It was eighteen years ago that Backyard Babies burst onto the scene, heading a Scandinavian raucous of bands that included The Hellacopters and Hardcore Superstar with bold, bright punked up rock music that stuck two fingers and a stacked knee high boot into the groin of grunge, bringing sleaze and pizzazz back to a table that was wringing wet with the limp celery, hummus and self-loathing of a 90’s music scene that celebrated introspection and mumbling. 1997’s Total 13 (Scooch Pooch) saw the Babies ‘Bombed’ (out of their minds) with boots stuck with glue (yep…) and set to take over the world.

And yet it didn’t quite happen.
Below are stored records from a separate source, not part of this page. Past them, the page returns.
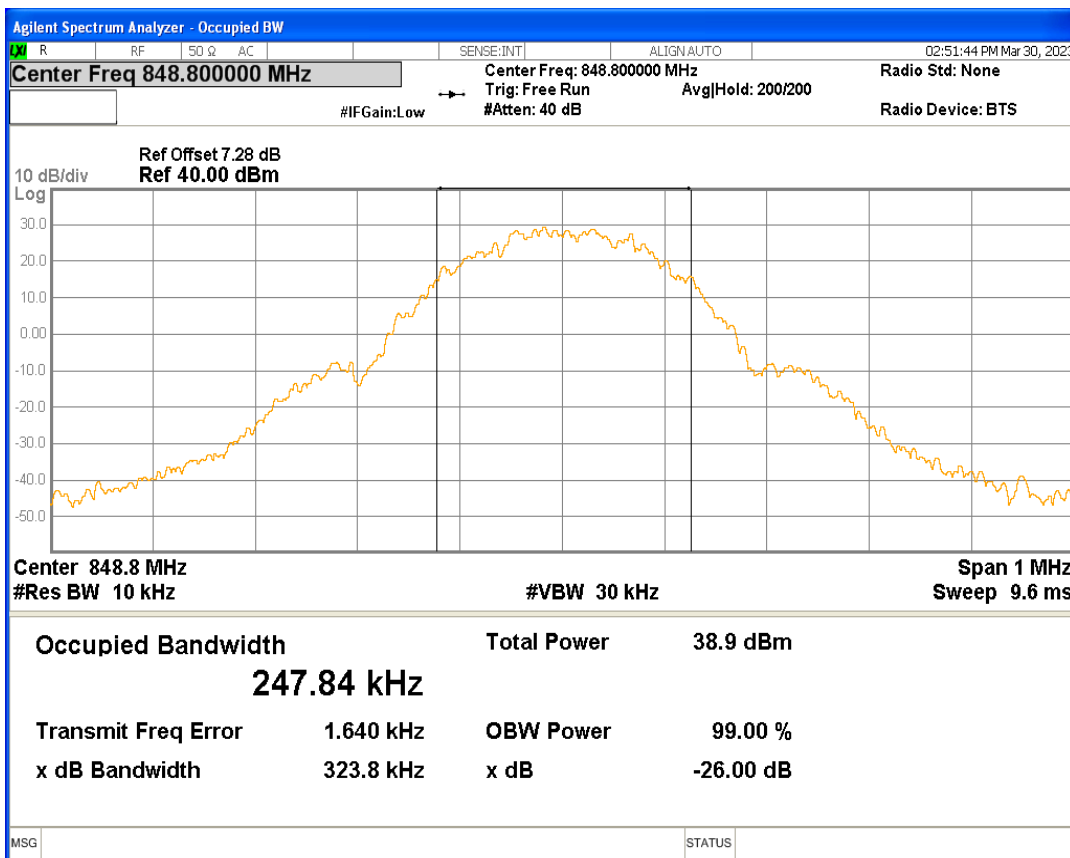

GPRS1900 Channel=512

GPRS1900 Channel=661

GPRS1900 Channel=810

GPRS850 Channel=128

GPRS850 Channel=190

GPRS850 Channel=251

11 Band edge

Band	Channel	Frequency (MHz)	Spur Freq (MHz)	Spur Level (dBm)	Limit (dBm)	Verdict
GPRS1900	512	1850.2	1849.98	-30.02	-13	PASS
GPRS1900	810	1909.8	1910.02	-29.72	-13	PASS
GPRS850	128	824.2	823.99	-28.46	-13	PASS
GPRS850	251	848.8	849.01	-26.60	-13	PASS

GPRS1900 Channel=512

GPRS1900 Channel=810

GPRS850 Channel=128

GPRS850 Channel=251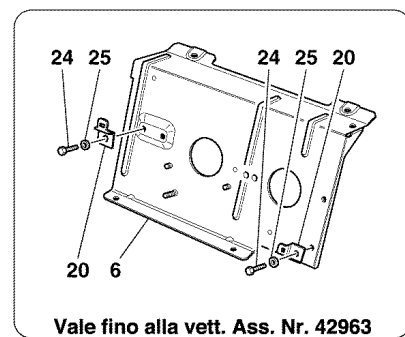

Vale fino alla vett. Ass. Nr. 42963
Valid till car Ass. Nr. 42963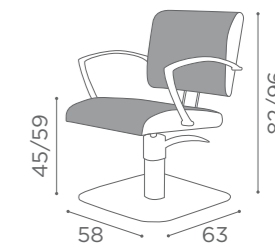

In photo:
A Mango 53
B Vintage Chocolate H9

COLOURS A ● B ○

CHAIRS NEXIA

	SWIVEL	PUMP	PUMP WITH BRAKE
★	SH/930-1 €549	SH/930-3 €749	SH/930-4 €799
R	SH/930-1/R €649	SH/930-3/R €799	SH/930-4/R €849
S	SH/930-1/S €649	SH/930-3/S €799	SH/930-4/S €849

Moderate success came their way, though in 2004 it seemed like they’d cracked it with the stomping Stockholm Syndrome (RCA) led by Guitar Hero playable track the mighty ‘Minus Celcius’, a career high grandstand tune if ever there was one. The world may be an oyster, but oysters don’t always contain pearls, and two subsequent uneventful albums passed by until in 2009 the Babies released a compilation album that was said to mark the passing of the band.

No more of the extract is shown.